-- Data records follows --

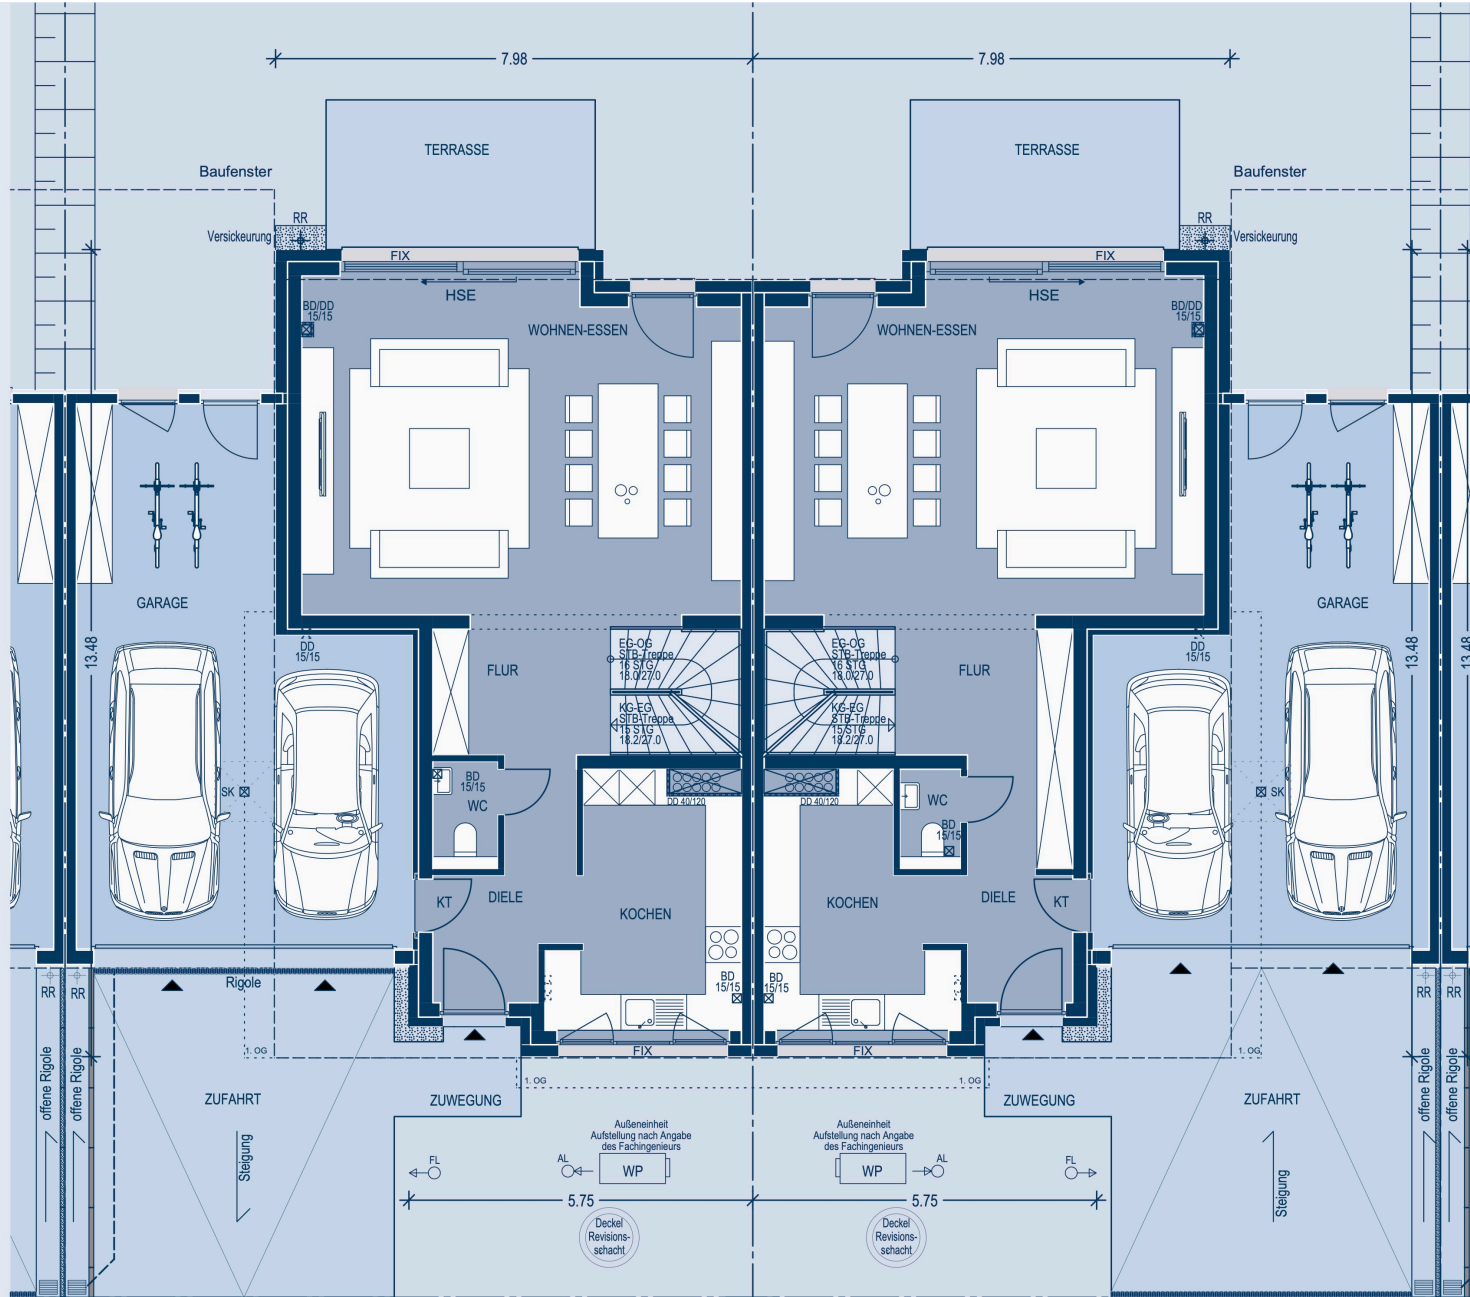

M 1:500

LOT 15

LOT 16

KG	Fläche	32.48 m ²
EG	Fläche	73.48 m ²
	Terrasse	11.25 m ²
	Garage	42.26 m ²
OG	Fläche	90.52 m ²
SG	Fläche	41.84 m ²
	Dachterrasse	36.97 m ²
Gesamt		328.80 m²

KG	Fläche	32.48 m ²
EG	Fläche	73.33 m ²
	Terrasse	11.25 m ²
	Garage	42.26 m ²
OG	Fläche	90.52 m ²
SG	Fläche	41.84 m ²
	Dachterrasse	36.97 m ²
Gesamt		328.65 m²

M 1:500

LOT 15

KG	Fläche	32.48 m ²
EG	Fläche	73.48 m ²
	Terrasse	11.25 m ²
	Garage	42.26 m ²
OG	Fläche	90.52 m ²
SG	Fläche	41.84 m ²
	Dachterrasse	36.97 m ²
Gesamt		328.80 m²

LOT 16

KG	Fläche	32.48 m ²
EG	Fläche	73.33 m ²
	Terrasse	11.25 m ²
	Garage	42.26 m ²
OG	Fläche	90.52 m ²
SG	Fläche	41.84 m ²
	Dachterrasse	36.97 m ²
Gesamt		328.65 m²
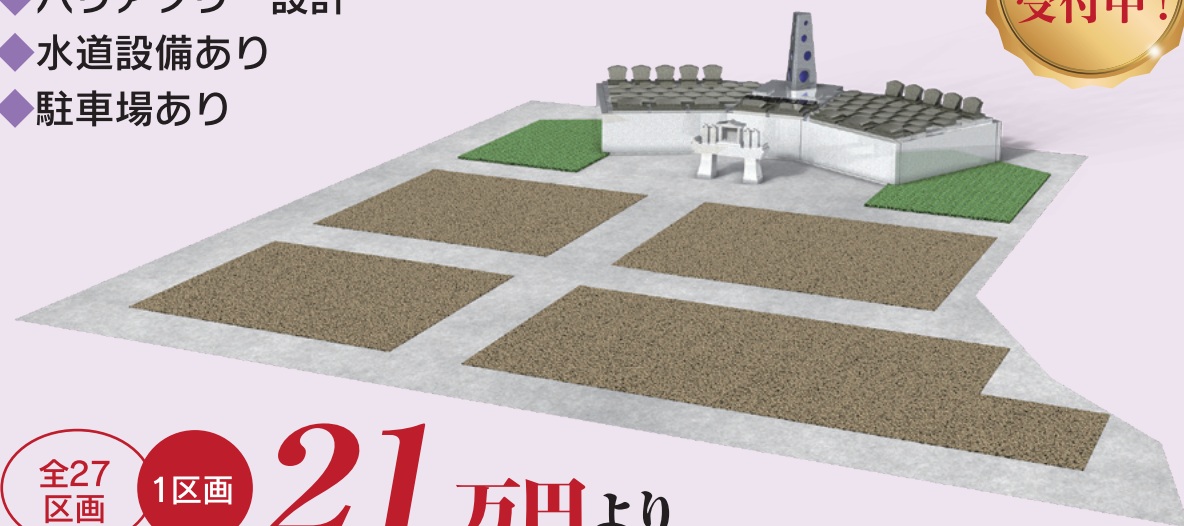

お一人様の場合 (直接合祀となります) 管理料+納骨料+永代使用料 **10万円** (税込) ~

●安心の永続管理体制

【一般墓地】 これから新規のお墓をご希望の方におすすめです。

●充実の設備 所在地/石川県羽咋郡志賀町代田イ-2

- ◆バリアフリー設計
- ◆水道設備あり
- ◆駐車場あり

全27区画 1区画 **21万円**より

	面積	永代使用料	区画数
B区画	1.6m x 2.0m	23万円	6
C区画	1.6m x 1.8m	21万円	21
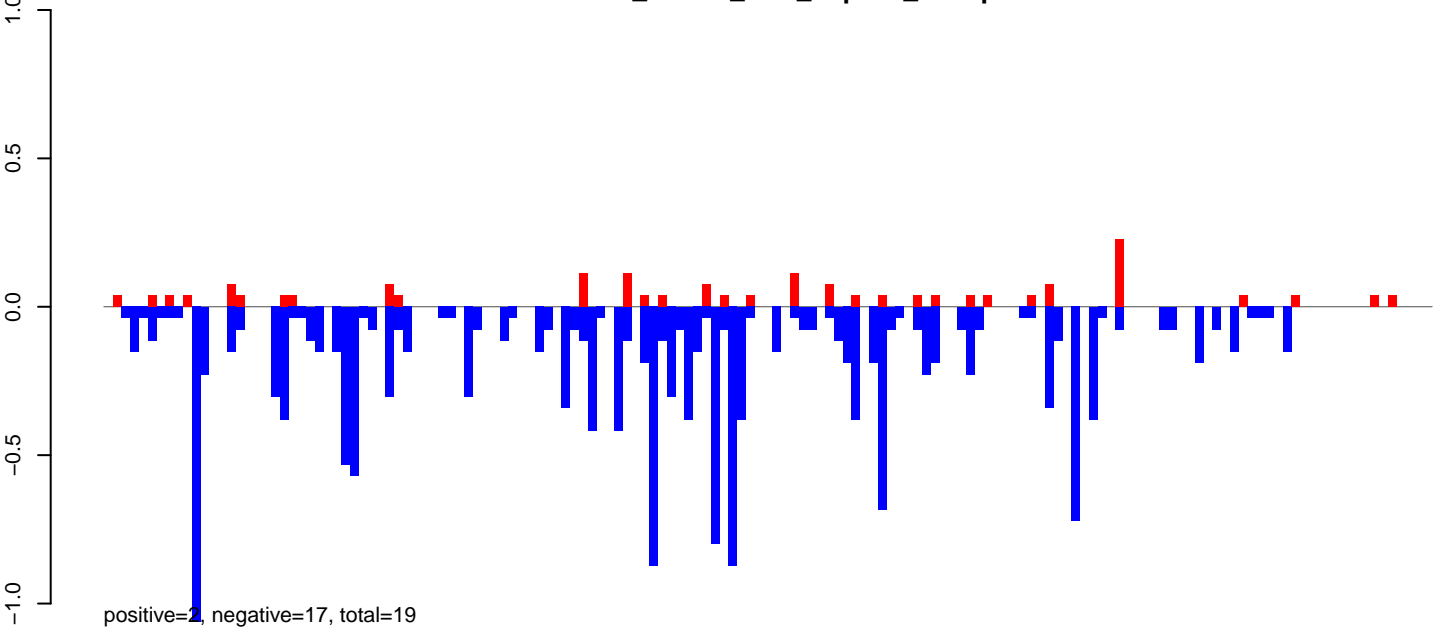

AeAlbo_CHIKV_AZT_9dpi.24_35.rep
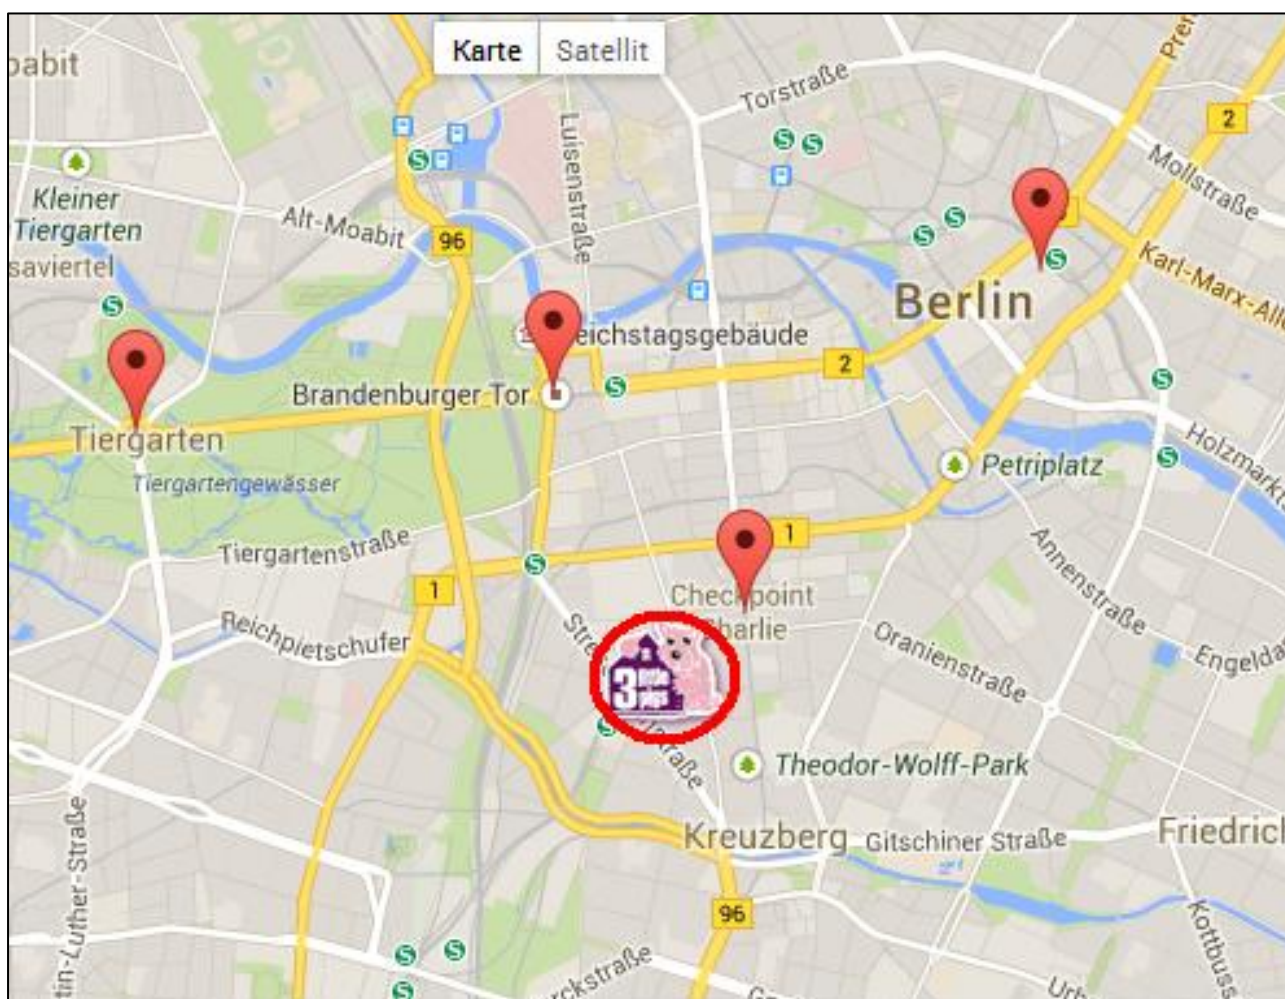

Flugzeug   Ankunft Flughafen **Schönefeld**

- Steigen Sie in die S-Bahnlinie S45 Richtung „Südkreuz“
- Steigen Sie am Bahnhof „Südkreuz“ aus
- Nehmen Sie die S-Bahnlinie S2 Richtung „Buch“ oder S25 in Richtung „Henningsdorf“
- Steigen Sie am Zielbahnhof „Anhalter Bahnhof“ aus
- Nehmen Sie den Ausgang „Stresemannstraße/Martin-Gropius-Bau“
- Überqueren Sie die Ampel und laufen Sie ca. 200m geradeaus bis zum Three Little Pigs Hostel
- Sie finden uns auf dem Hinterhof

Bitte beachten Sie bei der Anfahrt mit privatem PKW die **Umweltzone!**
Das Three Little Pigs Hostel befindet sich aufgrund der zentralen Lage in dieser Zone.

Mehr Informationen finden Sie unter [Umweltzone Berlin](#).
Bestellen können Sie die Umweltplakette jetzt auch bequem [online](#).

Wenn Sie noch weitere Fragen zur Anreise haben, kontaktieren Sie gern unsere Rezeption (24/7)
unter Telefon 0049 (0)30 2639 588 0 oder per eMail an info@three-little-pigs.de.

Eine gute und sichere Anreise!
Ihr Three Little Pigs Hostel Team

LET ME IN!!!
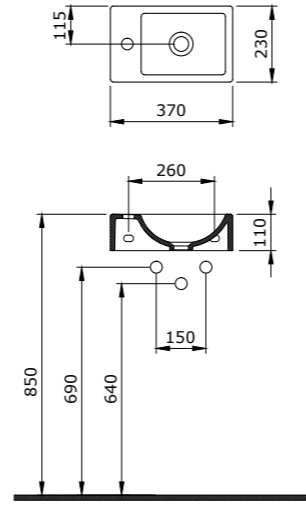

1419-001-0126

Milano Batarya Banklı Çanak Lavabo Sağ
Milano Bowl With Faucet Bank Right
Milano Lavabo da Appoggio su Ripiano Destra
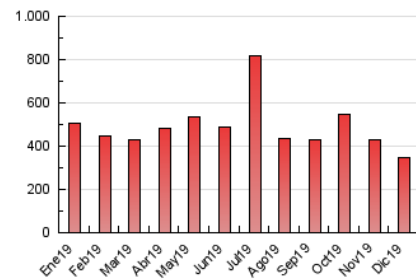

Páginas (x 1000)

-- Data records concluded --

### Problem description
Counting every line of the entries that holds the word "Richtung", report the total and no other text.

### Response to this exercise
2